Non-sampling warranty
In the non-sampling warranty clause, the artist is promising that he will not use any samples in the recording or, if he does, that he has received the appropriate permission and mechanical release to do so. (A sample is a copied clip of someone else’s recording, which can be digitally modified and used in a new recording). In other words, the record label is protecting itself, in this clause, from having to pay mechanicals to anyone (or his publisher or label) whose music you have sampled. You promise not to do it, and if you do, you will pay the mechanicals. A typical non-sampling warranty clause might read as follows:
“’Sampled material’, as used herein, shall be defined as the unauthorised use and reproduction of pre-existing recorded musical material, owned and controlled by any person, firm or corporation other than the Artist, which would not otherwise be subject to the Company’s rights hereunder. None of the masters delivered hereunder shall have been created with the use (whether partial or total) of sampled material. Where samples have been used, the Artist shall be solely responsible for obtaining all consents and licenses necessary for such use and reproduction, so that the Company shall enjoy the full and perpetual rights granted to the Company hereunder in respect of the artist’s own work. Where samples have been used, the artist shall furnish to the company all fully executed copies of any mechanical releases, consents, permissions, licenses and other related documentation. The Artist shall be solely responsible for and shall account for and pay to any and all persons, firms, corporations, or other entities who/which own or control sampled material any monies or other compensation to which such persons, firms, corporations or other entities are entitled as a result of any use hereunder by the Company of any Master embodying such sampled material.”
Termination
The contract should anticipate scenarios and circumstances where the parties are given the right to terminate the agreement. There should be safeguards where the label goes into liquidation, or fails to release the record, or where either side is in breach of contract, where royalties are not paid, or where recordings are not released.

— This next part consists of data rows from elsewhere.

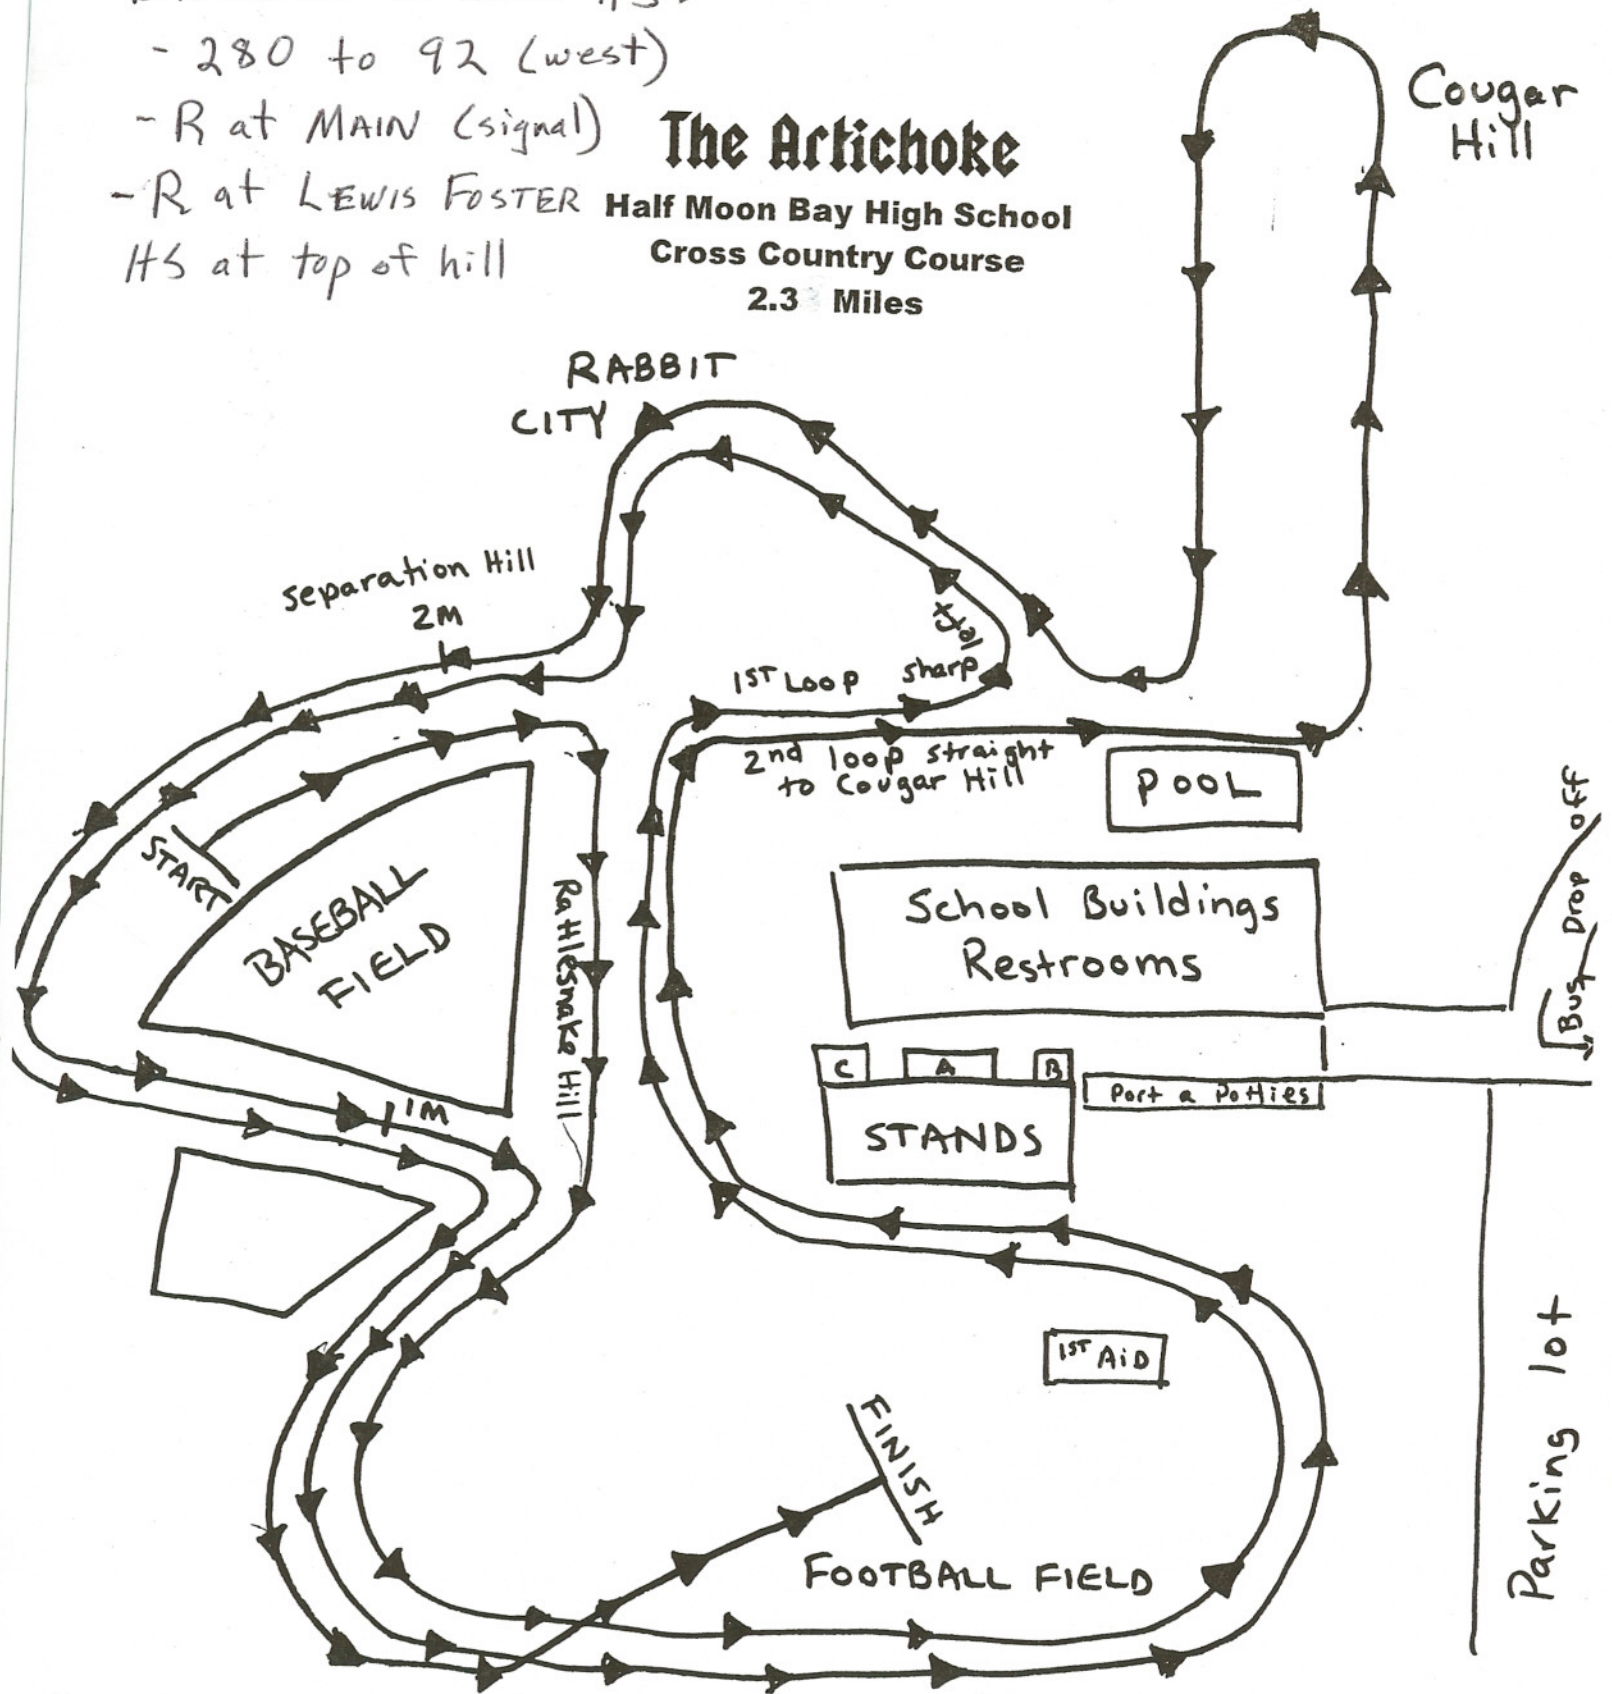

Directions to HMB HS:

- 280 to 92 (west)
- R at MAIN (signal)
- R at LEWIS FOSTER HS at top of hill

# The Artichoke

Half Moon Bay High School

Cross Country Course

2.3 Miles

- (A) Snack bar
- (B) Check-in
- (C) Tee-shirt sales

If the record company does go into liquidation, you should be able to terminate the agreement and get the rights in your recordings back by way of a reversion clause. Otherwise your copyrights could become the property of third-party creditors fighting over the remains of the now defunct label. A similar provision, but much harder to obtain, is one that allows the artist the right of termination where the label is sold, merged, or taken over (a big problem where independents sell out to majors). Don’t forget: the label is still obliged to continue paying the artist on all recordings sold, even after termination.
In some cases, the label will simply give itself the right to terminate the agreement with a certain amount of notice (i.e. just because it feels like it). You should strongly resist this, unless you are given exactly the same right. Some contracts state that the agreement will continue in perpetuity unless cancelled by the label. Again, you should only accept this if you are given the same right.
There are other possible “opt-out” clauses (normally given to the label but not the artist) including disagreement, unprofitable sales figures, change of image, change of musical style, etc. Once again, you should fight to ensure that these clauses are not so one-sided that the label is given the choice. If they are given the power to cancel the contract with a few months’ notice, so should you be.